There's a lot of executives who have a ton of trouble getting high quality signal from what's actually going, going on operationally for a variety of reasons. Um, yeah, that's some expensive things for referring.
Adam Davidson:So a year ago, we're largely in a world of chat.
We're largely in a world of like everything I get out of AI, I am asking AI to give me with like small whiffs of sometimes it can do its own thing for like 20 seconds, but not really to. Now we're in a world where dozens and hundreds of agents are doing all sorts of stuff. I don't even know how many agents.
So that has made you think, oh, maybe AI can do more tasks than I realize.
Daniel Rock:Yeah.
Adam Davidson:And then on top of it, we're getting. It sounds like a rapid richness in how we think about what a job is, which is an interesting outcome, but that makes sense.
Daniel Rock:Yeah. The organizational tinkering is starting to happen.
And I think if there's like a thing that I get an equivalent feeling about technologically now that I, you know, to what I had a year ago, it's sort of the open claw you know, text the agent or have it in your Slack thing like it's still early where like just like with fleets of agents. I'm like, there's some people who are doing this but I'm not quite ready to adopt it myself yet because of the security risks and the like.
I tinker with it but I haven't quite figured out the, the killer use case for myself. And I think probably that'll get figured out a year by now or like for a year it'll get figured out within.
Adam Davidson:I will tell you, I have figured it out.
It's totally obvious and you should just do it so you don't have to do it with OpenCloud but you should do like basically if you have, if you have a smarter system that knows more about you that is doing like that you're creating autonomous agents to just improve yourself. Think about how Daniel spends his time. What are better ways?

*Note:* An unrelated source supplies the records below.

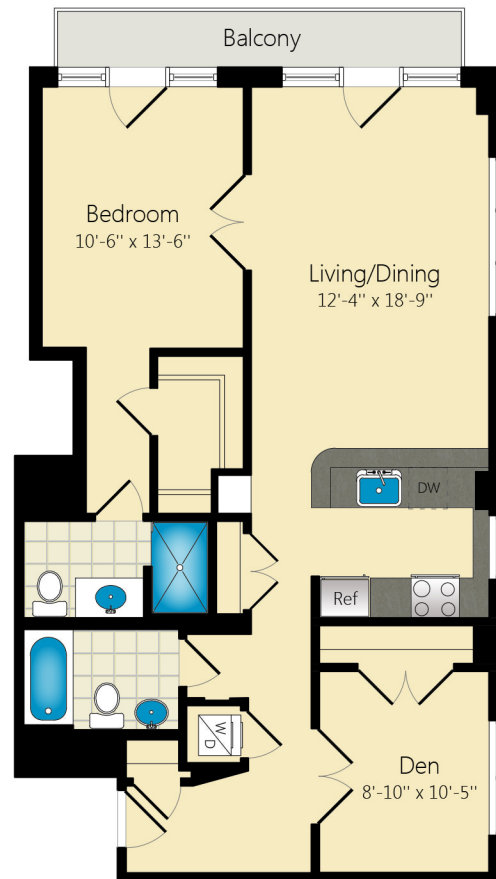

STYLE: 214-714 (1,090 SQ. FT.)

ROOMS: 1 BEDROOM+DEN / 2 BATH

*The Hudson*

P: 202.986.8969 F: 202.986.8980  
RENTALS@SJGPROPERTIES.COM

1425 P STREET, NW  
WASHINGTON, DC 20005

Read every academic paper knowing the framework of what Daniel cares about and tell me every day or every Thursday give me a report of what I missed and then on top of it you're able to prod that system with hey, I was just thinking about like the history of task measurement. Find a bunch of stuff out about it. Like you could be doing all of that. You don't need Open claw.
Daniel Rock:Yeah, I was going to say that these are things that I would write agents to do like with I would have Claude code or codecs do this but I think there is something special about that open Claude or related form factor like Dan Shipper and the every team like we, you know, we talked actually you're right.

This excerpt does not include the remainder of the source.